Tycoon happy in his exile home
FOR A man who once commanded a $4bn lemons-to-electronics empire, Asil Nadir appears surprisingly content in exile. One of his few sources of irritation is the persistent description of him in the media as a fugitive.
He says a fugitive is someone who is fleeing to a country that is not his own. He was born in northern Cyprus and his mother, his sister and his childhood friends are there. From his struggling Turkish Cypriot beginnings Nadir showed his entrepreneurial spirit early. Aged six he was selling newspapers on the streets of Famagusta.
The family moved to the East End of London in 1963 and set up a rag trade company.

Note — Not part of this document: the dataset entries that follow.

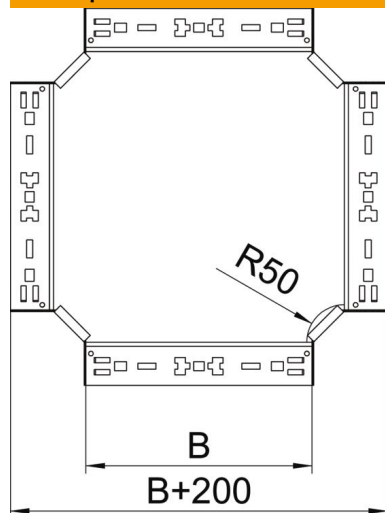

## Крестообразная секция Magic 110 FT

Артикульный номер: 7027181

Крестообразная секция с системой соединителей для быстрого монтажа.  
Для всех типов кабельных лотков, высота боковой стенки которых составляет 110 мм.

### Исходные данные

Артикульный номер	7027181
Тип	RKM 110 FT
Обозначение 1	Крестообразная секция
Обозначение 2	с быстрым соединителем
Производитель	OBO
Размер	110x100
Материал	Сталь
Поверхность	Горячее цинкование методом погружения
Стандарт поверхности	DIN EN ISO 1461
Минимальная единица продажи	1
Единица расхода	Шт.
Масса	133,7 кг
Единица веса	кг/100 шт.

## Крестообразная секция Magic 110 FT

Артикульный номер: 7027181

### Размеры

Ширина	100 мм
Высота	110 мм
Толщина листа	1,25 мм
Размер В	100 мм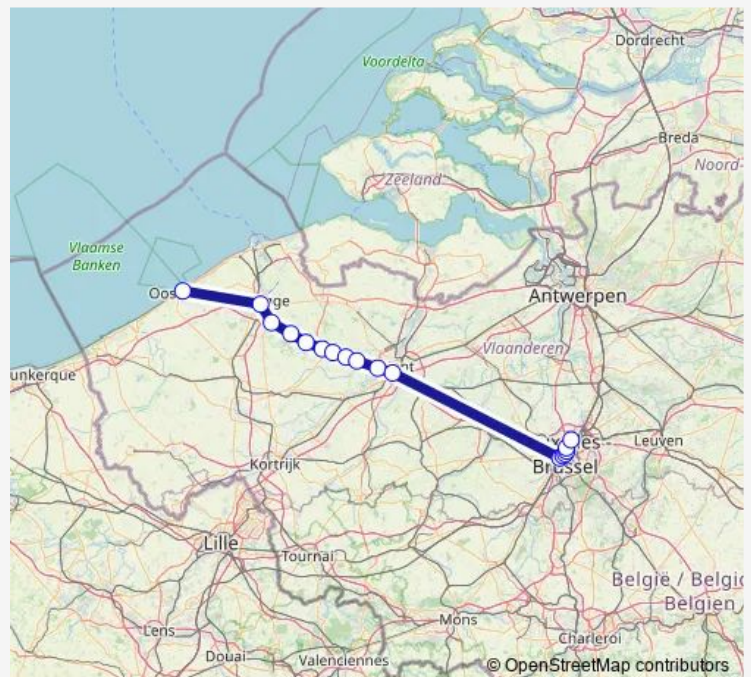

### Direction

Ostende — Schaerbeek

17 stops

[Open route schedule](#)

Ostende

Bruges

Oostkamp

Beernem

Bruxelles-Chapelle

Bruxelles-Central

Bruxelles-Congrès

Bruxelles-Nord

Schaerbeek

### Route schedule

Ostende — Schaerbeek

Monday 18:23

Tuesday 18:23

Wednesday 18:23

Thursday 18:23

Friday 18:23

Saturday —

### Route info

Direction: Ostende

Stops: 17

Trip Duration: 1 hour 29 min

EXP — Schaerbeek - Ostende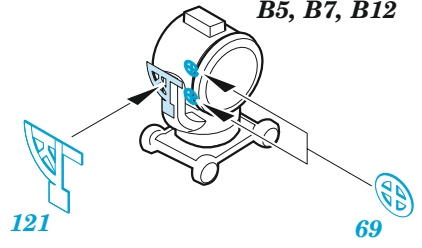

A 11 sets

B5, B7, B12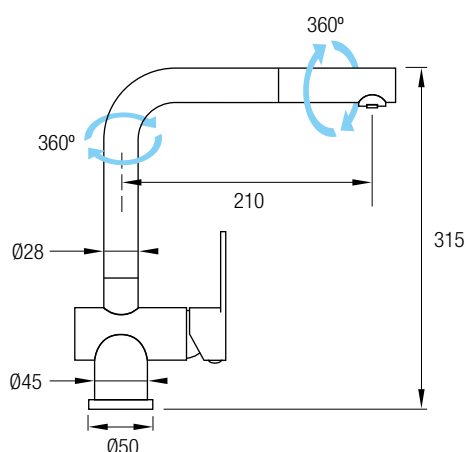

## Ref. ATLANTA

Monomando  
Decoración Acero Inox 304  
Acabado cepillado  
Caño giratorio 360°  
Cartucho **sedal**®

Sistema de apertura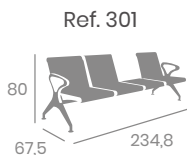

Catering BANCADA

Brazos Aluminio, Asientos y Respaldo de Acero Troquelado Pintado Gris.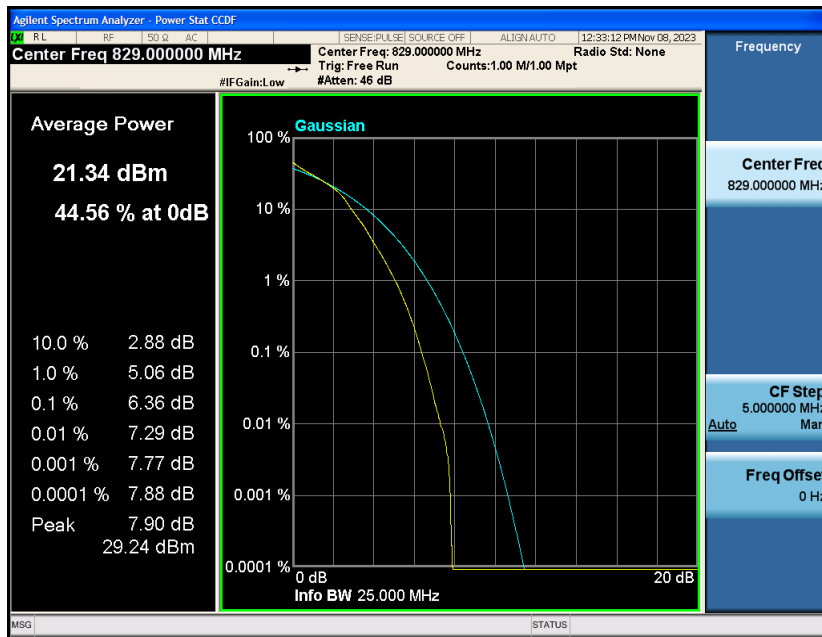

Band5-10MHz-QPSK-20525-1RB#0

Band5-10MHz-QPSK-20525-50RB#0

Band5-10MHz-QPSK-20600-1RB#0

Band5-10MHz-QPSK-20600-50RB#0

Band5-10MHz-16QAM-20450-1RB#0

Band5-10MHz-16QAM-20450-50RB#0

Band5-10MHz-16QAM-20525-1RB#0

Nadir was quick to branch out, buying a cash- and-carry clothing business in Commercial Road and, through a series of deals, expanded his empire to the now notorious Polly Peck.

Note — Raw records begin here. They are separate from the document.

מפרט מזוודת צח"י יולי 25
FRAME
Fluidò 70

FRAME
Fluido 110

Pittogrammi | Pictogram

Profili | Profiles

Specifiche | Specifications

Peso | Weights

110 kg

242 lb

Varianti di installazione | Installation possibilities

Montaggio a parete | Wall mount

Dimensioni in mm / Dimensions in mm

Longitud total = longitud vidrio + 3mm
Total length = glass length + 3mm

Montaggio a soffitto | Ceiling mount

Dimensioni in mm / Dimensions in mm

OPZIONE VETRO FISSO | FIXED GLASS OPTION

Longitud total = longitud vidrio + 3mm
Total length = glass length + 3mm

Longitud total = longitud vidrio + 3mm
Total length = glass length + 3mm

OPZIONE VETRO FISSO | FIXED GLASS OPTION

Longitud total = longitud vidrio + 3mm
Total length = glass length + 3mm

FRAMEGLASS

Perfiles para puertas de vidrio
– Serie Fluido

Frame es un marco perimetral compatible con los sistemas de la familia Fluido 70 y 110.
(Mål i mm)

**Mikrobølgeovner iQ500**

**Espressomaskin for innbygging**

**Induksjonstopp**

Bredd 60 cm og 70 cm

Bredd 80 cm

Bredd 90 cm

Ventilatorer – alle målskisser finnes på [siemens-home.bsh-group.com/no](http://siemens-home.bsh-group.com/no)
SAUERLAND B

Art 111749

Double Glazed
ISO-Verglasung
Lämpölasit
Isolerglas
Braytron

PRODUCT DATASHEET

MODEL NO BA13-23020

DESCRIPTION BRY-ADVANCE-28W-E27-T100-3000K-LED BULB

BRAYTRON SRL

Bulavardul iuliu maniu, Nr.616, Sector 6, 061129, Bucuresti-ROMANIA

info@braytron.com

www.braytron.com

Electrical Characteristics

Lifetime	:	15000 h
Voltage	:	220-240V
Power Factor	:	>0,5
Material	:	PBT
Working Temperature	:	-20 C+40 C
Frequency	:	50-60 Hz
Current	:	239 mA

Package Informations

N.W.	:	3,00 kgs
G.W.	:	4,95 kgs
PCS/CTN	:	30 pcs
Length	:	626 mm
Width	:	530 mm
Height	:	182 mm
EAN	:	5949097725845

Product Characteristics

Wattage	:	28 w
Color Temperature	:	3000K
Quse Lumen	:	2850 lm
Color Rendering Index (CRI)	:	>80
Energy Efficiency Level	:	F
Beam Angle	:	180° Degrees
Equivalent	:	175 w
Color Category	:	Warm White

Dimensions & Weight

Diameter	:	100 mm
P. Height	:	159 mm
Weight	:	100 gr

By its peak in the summer of 1990, Polly Peck was worth pounds 2bn and employed 30,000. But its collapse soon after left him bankrupt and facing pounds 30m fraud and theft charges.

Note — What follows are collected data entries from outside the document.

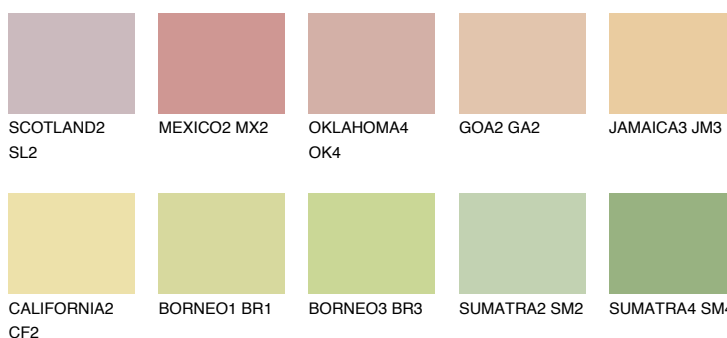

## NAMIB2 NM2

70% **TSR** 69%

## Doplnkové farby

### Odtiene Intense

Viac informácií o omietkach a náteroch nájdete na  
[www.ceresit.sk](http://www.ceresit.sk)

\*Prezentované farby sú súčasťou aktuálnej palety fasádnych omietok a náterov Ceresit. Berte prosím na vedomie, že sa farby v originálnej podobe môžu líšiť od farieb zobrazených na monitore. Elektronická a tlačaná podoba vzorkovníka nie je považovaná za plne spoľahlivú prezentáciu. Odporúčame preto vybrané farby porovnať so skutočnými vzorkovníkmi.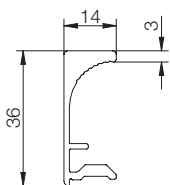

ACCESSORI PROFILI ANTINE Door profile accessories

2440

Maniglia.
Handle.

Code	unit	min. order (nr)	qty/box (nr)	Kg/box
2440xxx.xxx	NR	-	-	-

Si abbina con anta: 2364, 2493.
For use with door: 2364, 2493.

2448

Maniglia.
Handle.

Code	unit	min. order (nr)	qty/box (nr)	Kg/box
2448xxx.xxx	NR	-	-	-

2455

Maniglia.
Handle.

Code	unit	min. order (nr)	qty/box (nr)	Kg/box
2455xxx.xxx	NR	-	-	-

2457

Maniglia.
Handle.

Code	unit	min. order (nr)	qty/box (nr)	Kg/box
2457xxx.xxxx	NR	-	-	-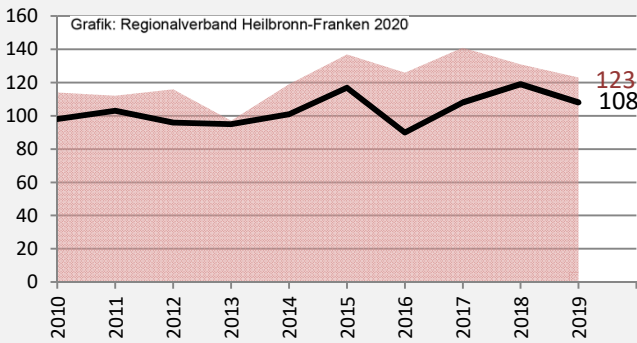

Bretzfeld - Bevölkerung

Bevölkerungsstand in Bretzfeld (2010 bis 2019)

Grafik: Regionalverband Heilbronn-Franken 2020

Bevölkerungsentwicklung in Bretzfeld (seit 2010)

Grafik: Regionalverband Heilbronn-Franken 2020

Geburten und Sterbefälle in Bretzfeld

Grafik: Regionalverband Heilbronn-Franken 2020

5-Jahres-Wertung (2015 - 2019): natürliche Bevölkerungsentwicklung pro 1.000 Einwohner

Grafik: Regionalverband Heilbronn-Franken 2020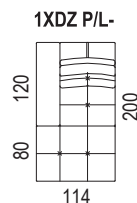

AMAX

PEROKRESBY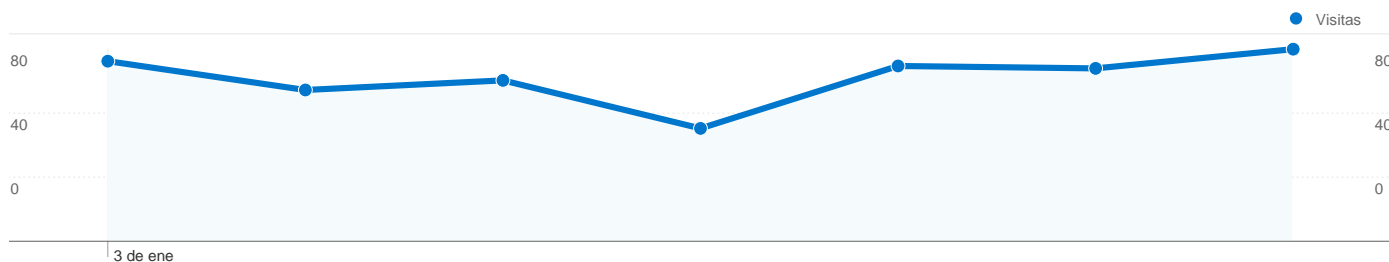

Visión general de las fuentes de tráfico

03/01/2011 - 09/01/2011

En comparación con: Sitio

Todas las fuentes de tráfico han enviado un total de 800 visitas.

21,88% Tráfico directo

18,50% Sitios web de referencia

59,62% Motores de búsqueda

- Motores de búsqueda
477,00 (59,62%)
- Tráfico directo
175,00 (21,88%)
- Sitios web de referencia
148,00 (18,50%)

Fuentes de tráfico principales

Fuentes	Visitas	Porcentaje de visitas	Palabras clave	Visitas	Porcentaje de visitas
google (organic)	467	58,38%	campus cerdanya	214	44,86%
(direct) ((none))	175	21,88%	campus puigcerda	39	8,18%
concursostryregalos.com	50	6,25%	campus cerdanya resort	12	2,52%
google.es (referral)	15	1,88%	cerdanya resort	9	1,89%
facebook.com (referral)	12	1,50%	hotel campus cerdanya	8	1,68%

Los sitios web de referencia han enviado 148 visitas a través de 36 fuentes.

Uso del sitio

Visitas	Páginas/visita	Promedio de tiempo en el sitio	Porcentaje de visitas nuevas	Porcentaje de rebote	
148 Porcentaje del total del sitio: 18,50%	3,46 Promedio del sitio: 3,92 (-11,72%)	00:01:52 Promedio del sitio: 00:02:08 (-12,29%)	92,57% Promedio del sitio: 55,12% (67,92%)	48,65% Promedio del sitio: 53,75% (-9,49%)	
Fuente	Visitas	Páginas/visita	Promedio de tiempo en el sitio	Porcentaje de visitas nuevas	Porcentaje de rebote
concursosyregalos.com	50	1,04	00:00:29	100,00%	96,00%
google.es	15	2,40	00:02:22	100,00%	53,33%
facebook.com	12	6,42	00:02:49	75,00%	16,67%
masella.com	11	5,36	00:01:56	90,91%	0,00%
puigcerda.cat	7	4,57	00:01:36	100,00%	28,57%
www20.gencat.cat	5	2,40	00:00:26	100,00%	60,00%
vegueries.com	4	11,25	00:03:16	100,00%	0,00%
vertientesaventura.com	4	11,25	00:13:28	75,00%	0,00%
ciclisme.cat	3	11,00	00:03:37	66,67%	0,00%
google.com	3	1,00	00:00:00	100,00%	100,00%

In 1993, he fled to northern Cyprus, which is not recognised by the international community and has no extradition treaties with the UK.
He enjoys government support in the breakaway Turkish Republic of Northern Cyprus and lives there quite openly. President Denktash gave the UK short shrift over its request to have Nadir handed back when he fled Britain. But the 57-year-old divorcee (he prefers the term bachelor) has not been idle during his exile. A year after his arrival he was operating two hotels and was already at work on a third, and controls northern Cyprus's biggest newspaper and a packaging group.